The 2006 amendment modified the 1993 Company Law by providing for the establishment requirements of a company. The amendment completed the institutions of the establishment and the capital of companies.

Such amendment modified the protective mechanism for shareholders, especially minority shareholders and improved the protection mechanism for shareholders.

By means of the 2006 amendment it has been improved the withdrawal mechanism for the shareholders of limited liability companies and the regulations of the litigation on behalf of shareholders.

The 2006 amendment revised also the liability mechanism of a company. Since such amendment tried to offer a less-strict requirement of establishing a company, the corresponding liability mechanism was very important.

The current version of Company Law was announced in 2013 and entered into force on March 1, March 2014.

On December 28, 2013, the Standing Committee of the National People’s Congress of the People’s Republic of China released its “Decision on Amending the Marine Environmental Protection Law of the People’s Republic of China and Other Six Laws”, deciding to amend the Company Law.

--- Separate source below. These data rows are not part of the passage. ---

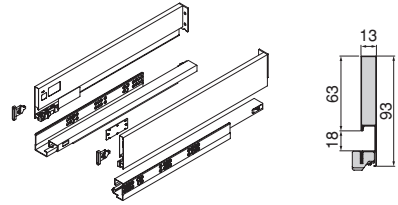

Plastique/Plastic

H	Ht
93	63
131	101
178	148
242	212

Kit tiroir extérieur Vertex avec **fermeture douceur, 40 kg**, hauteur 93 mm **pour panneaux de 18 mm**
 Vertex external drawer kit with **soft close, 40 kg**, height 93 mm **for 18 mm boards**
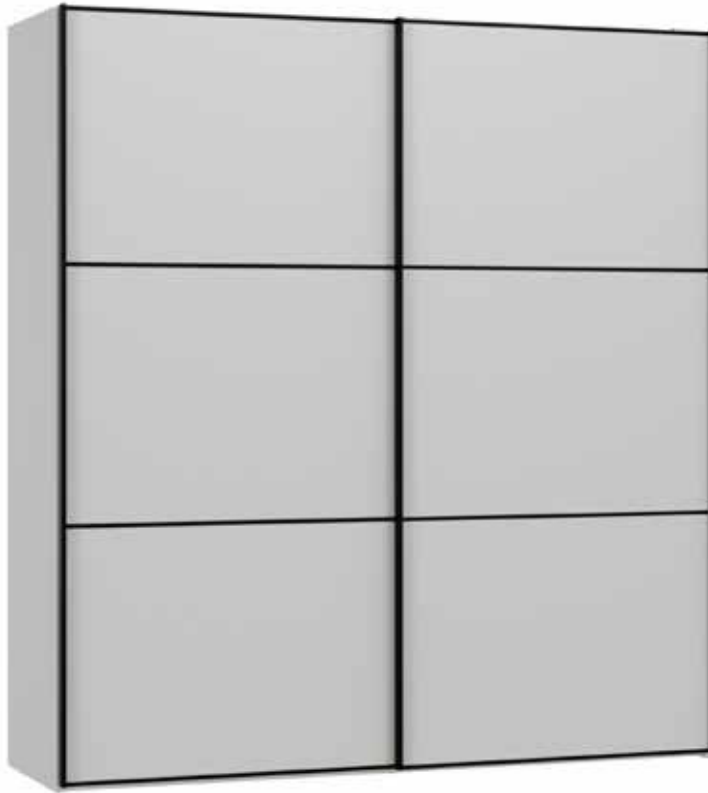

Front Hellgrau matt / Aufclippprofile und Dekorprofile schwarz matt
Façade Gris clair mat / Clips décoratifs et profils décoratifs noir mat
Front Light grey matt / Clip on profiles and decorative profiles black matt
Front Grijs helder mat / Opklikprofielen en decoratieve profielen zwart mat

 Korpus Corps Body Romp	Cremeweiss Blanc crème Cream white Crèmewit	Novaschwarz Novanoir Novablack Novazwart	Premiumweiss Blanc premium Premium white Wit premium	Hellgrau matt Gris clair mat Light grey matt Grijs helder mat	Eichenstruktur Natur Structure chêne nature Oak structure natural Eikenstructuur natuur	Nougat Nougat Nougat Nougat
152,2 cm	6875 7631	6388 7431	6186 9831	6241 5731	6668 1731	6378 1931
202,2 cm	6875 7641	6388 7441	6186 9841	6241 5741	6668 1741	6378 1941
227,6 cm	6875 7645	6388 7445	6186 9845	6241 5745	6668 1745	6378 1945
252,8 cm	6875 7651	6388 7451	6186 9851	6241 5751	6668 1751	6378 1951
278,0 cm	6875 7655	6388 7455	6186 9855	6241 5755	6668 1755	6378 1955
303,1 cm	6875 7661	6388 7461	6186 9861	6241 5761	6668 1761	6378 1961
328,2 cm	6875 7665	6388 7465	6186 9865	6241 5765	6668 1765	6378 1965
378,5 cm	6875 7675	6388 7475	6186 9875	6241 5775	6668 1775	6378 1975

Im Preis inbegriffen: 1 Einlegeboden (16 mm) und 1 Kleiderstange pro Abteil
Inclus dans le prix: 1 rayon (16 mm) et 1 tringle à habits par compartiment
Included in the price: 1 shelf (16 mm) and 1 clothes rail per element
In de prijs inbegrepen: 1 plank (16 mm) en 1 kledingroede per vak

The amendment to the Company Law, which took effect in 2014, provides with significant innovations in the company registration system, especially in registered capital aspects.

The 2013 amendment contains issues of interest to foreign investors, such as the abolition of the minimum registered capital, of the deadlines for its payment and of the cash contribution requirements.

Officially, the purpose of this reform was to make the corporate legislation more efficient, with the aim of simplifying and liberalizing investments in China.

On April 22, 2019 the Supreme People’s Court published Provisions on Several Issues Relating to the Application of the Company Law of the People's Republic of China (V).

The Provisions are related to disputes of shareholders’ rights and they seem to be in line with the government’s efforts to strengthen China’s business environment.

The Provisions are composed by 6 articles and were issued in order to ensure a correct interpretation and application of the Company Law, as promulgated in 2006 and amended in 2018.

The issued Provisions introduced some alternative ways to resolve disputes between limited liability companies’ shareholders, under certain circumstances as set out by the Court. The Provisions also regulate in a more detailed manner certain distributions of profits’ resolutions and related Court’s revocation of such resolutions.

The above Provisions have been effective starting from April 29, 2019.

3. Types of Companies in China

3.1 General Remarks

During the 1950s there were five forms of companies in China. During the drafting of the Company Law, it has been suggested to add the provision of unlimited companies and joint liability companies to the two popular company forms, i.e. limited liability companies and joint stock companies.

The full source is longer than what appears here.